To gain some insight into the mechanism underlying this noise, we explored the relationship between the Fano factor time scale and the ISI distribution of the cell. We found that this point of inflection corresponded to the peak in the ISI histogram, most frequently at ∼40 ms. The increase in Fano factor at times longer than a single ISI indicates that successive spikes are not independent, as, for example, might be observed with burst firing.
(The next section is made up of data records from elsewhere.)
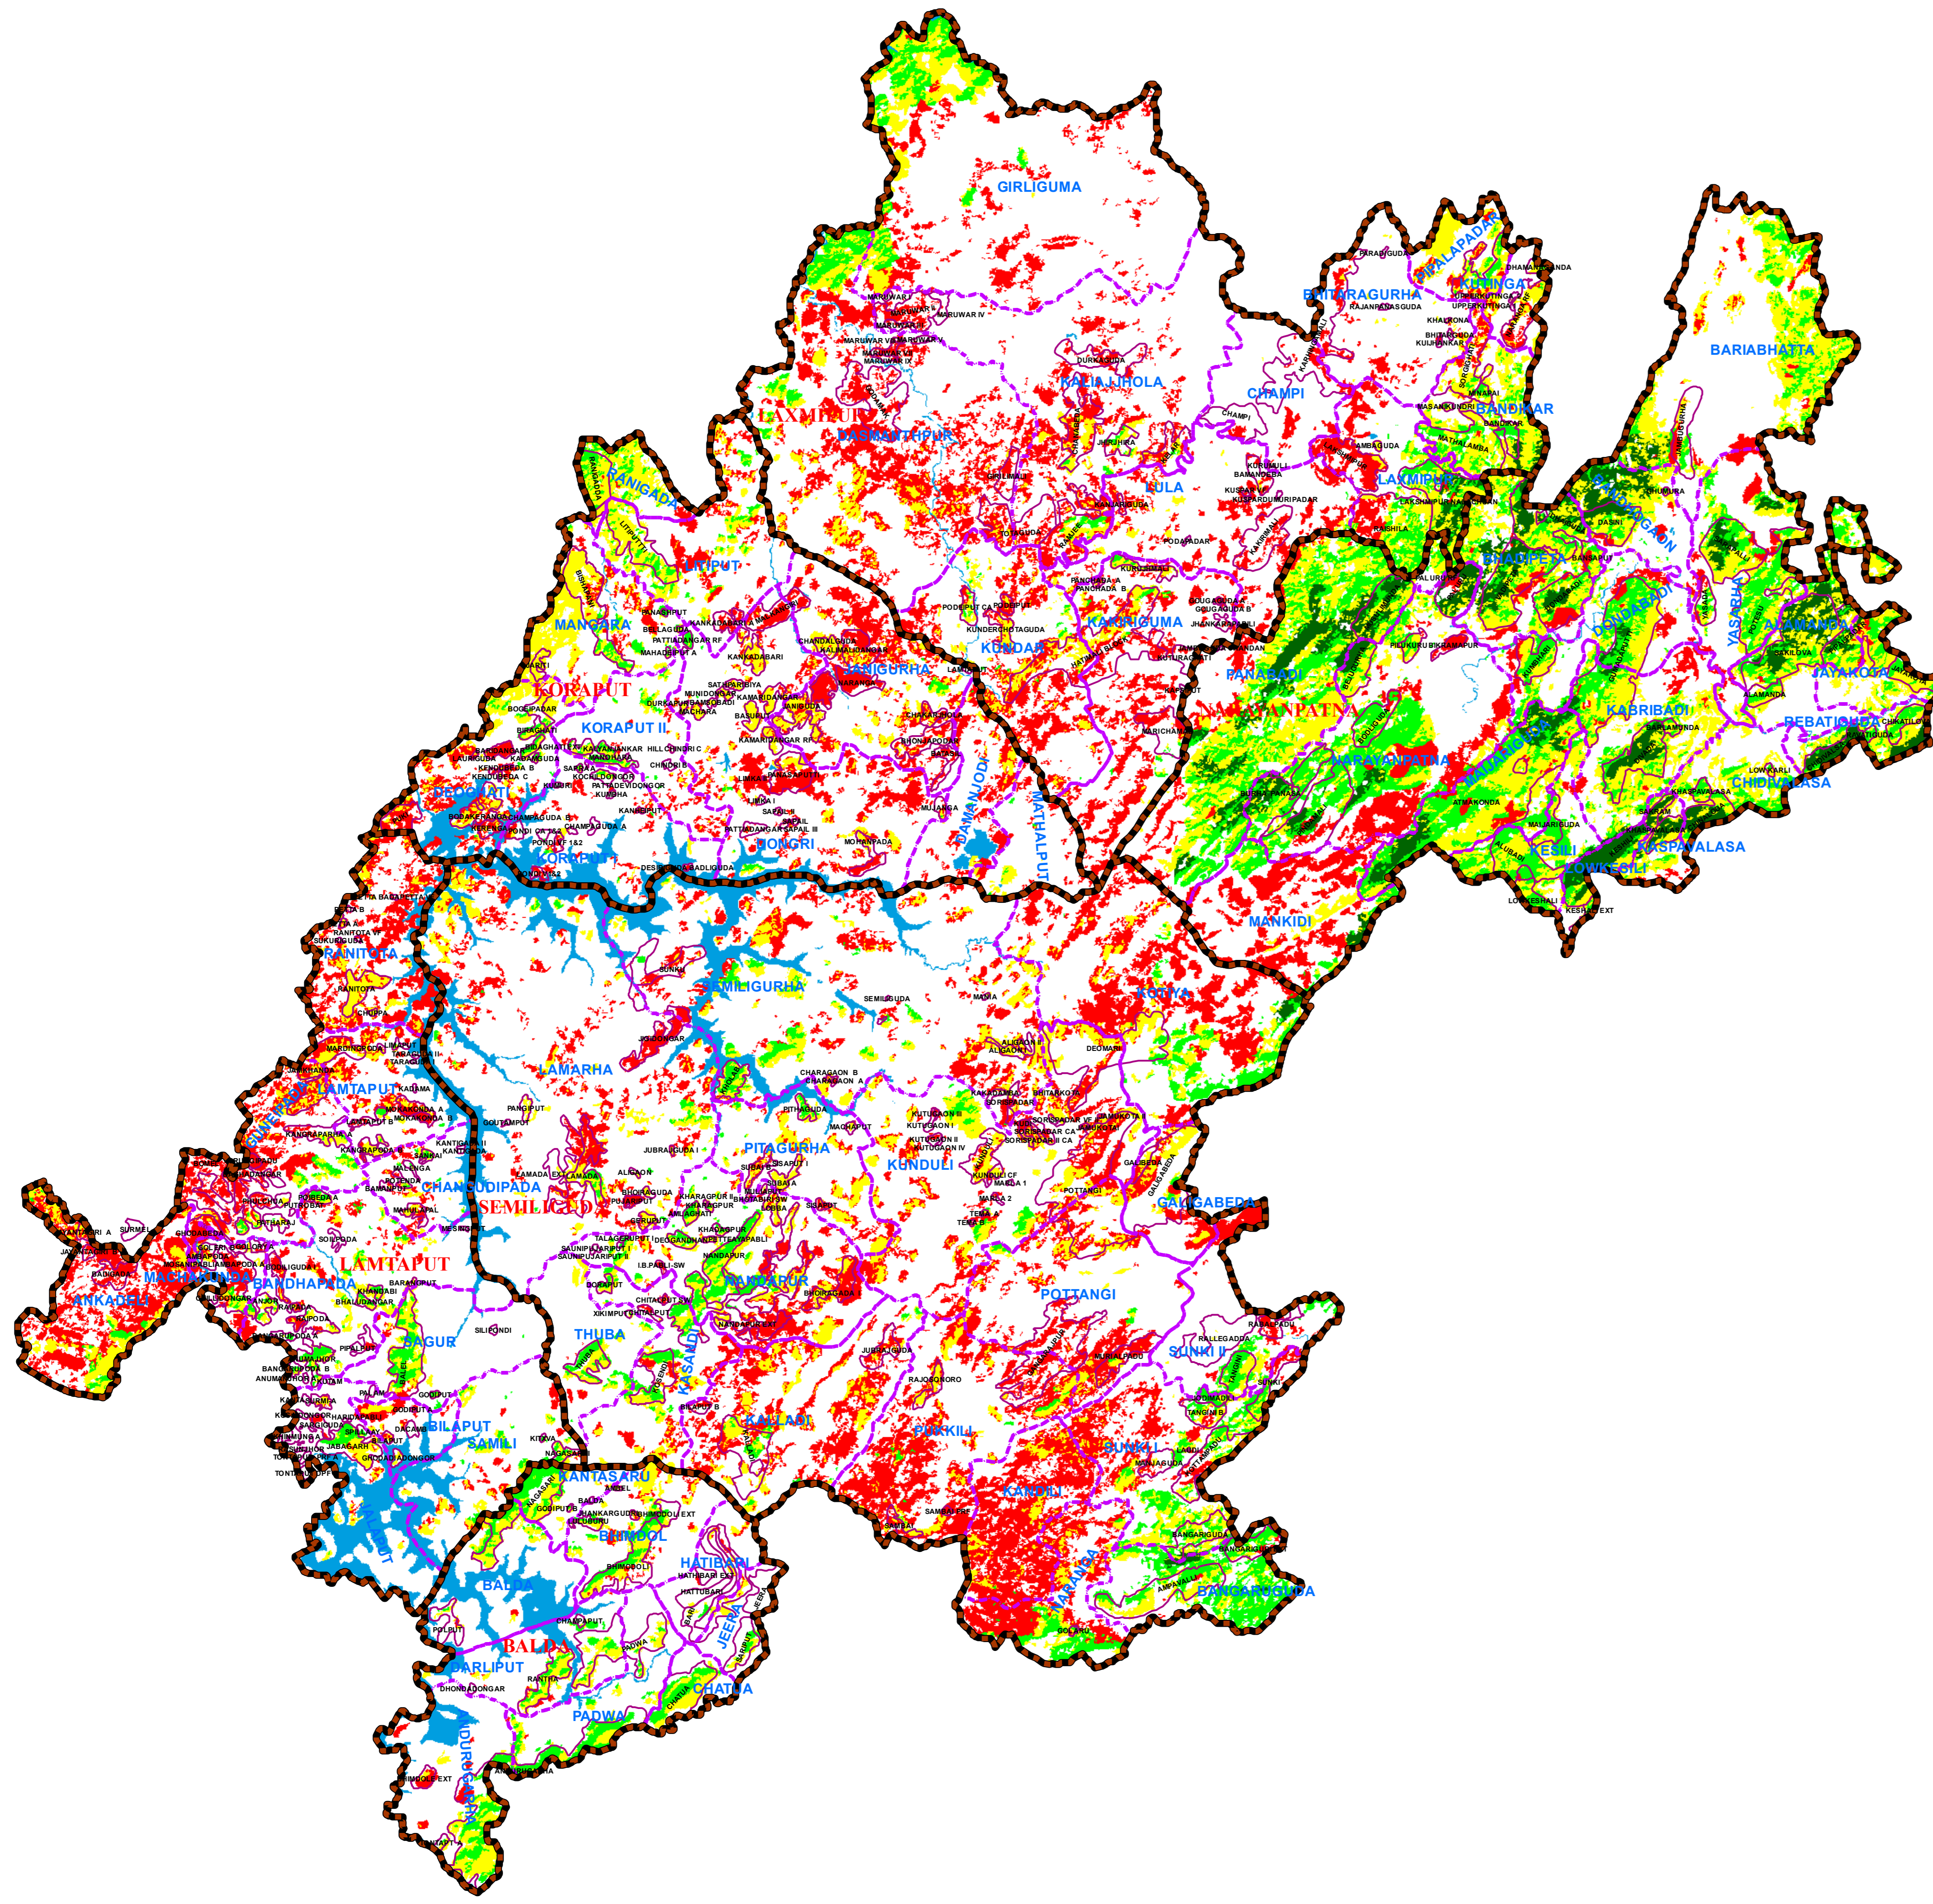

FOREST COVER CHANGE MAP OF KORAPUT FOREST DIVISION.

2015

2017

LEGEND

- DIVISION BND
- RANGE BND
- BEAT BND
- FOREST BND

- Water
- Non-Forest
- Scrub
- Open Forest
- Moderately Dense Forest
- Very Dense Forest

VSNs Tend to Fire in Bursts
The Fano factor analysis suggested that some structure exists in the spike trains of VSNs, beginning at time scales coinciding with a peak in the ISI histogram. Therefore, we investigated the detailed firing properties of VSNs, both during spontaneous activity (the 10 s before stimulus delivery) and during stimulus-evoked activity (P < 0.05 rank sum test and Δr > 2 Hz). Taking a closer look at the firing patterns of VSNs, we observed that spontaneous activity occurred in two distinct patterns. Most cells (108/126) fired repeated trains of action potentials in rapid succession (Fig. 5A, middle) while the remaining cells fired action potentials with longer ISIs (Fig. 5A, top). Across the population, the spontaneous firing rate was 0.7 Hz with an SD of 0.6 Hz and a range of 0.2–3.8 Hz (n = 126 cells; Fig. 5B). Excluding the slow firing minority group, the average spontaneous firing rate was also 0.7 Hz with a slightly smaller SD of 0.5 Hz and a range of 0.2 to 3.45 Hz. We also counted the number of spikes during a significant response to chemical stimuli (n = 36 cells). The mean firing rate was 3 Hz with an SD of 2 Hz and a range of 0.5–9.0 Hz. While spontaneous activity was lower than stimulus-evoked activity, the firing rate distributions overlapped (Fig. 5B).
We looked across all clearly sorted single units and found that rapidly firing neurons had several consistent features. Their ISI histograms, shown in Fig. 5, C and D, showed a dominant peak at ∼40 ms during both spontaneous and stimulated activity. This consistency, across both the population and under different stimulus conditions, allowed us to use a uniform definition of “bursting,” as three or more spikes fired with ISIs of <100 ms (Fig. 5, C and D; see materials and methods). The responsive neurons had a slightly higher probability of being in the bursting mode, as demonstrated by a higher “burst peak” in the population ISI histogram, while the spontaneous ISIs showed a large peak in the bursting mode with a second smaller peak at ∼1 s. The ISI histogram suggested that while responsive VSNs showed a tendency to spend more time bursting, the peak burst ISI of 40 ms was maintained in both conditions. Therefore, the observed increase in firing rate during a stimulus response was not due to a sizable shift in the overall ISI distribution.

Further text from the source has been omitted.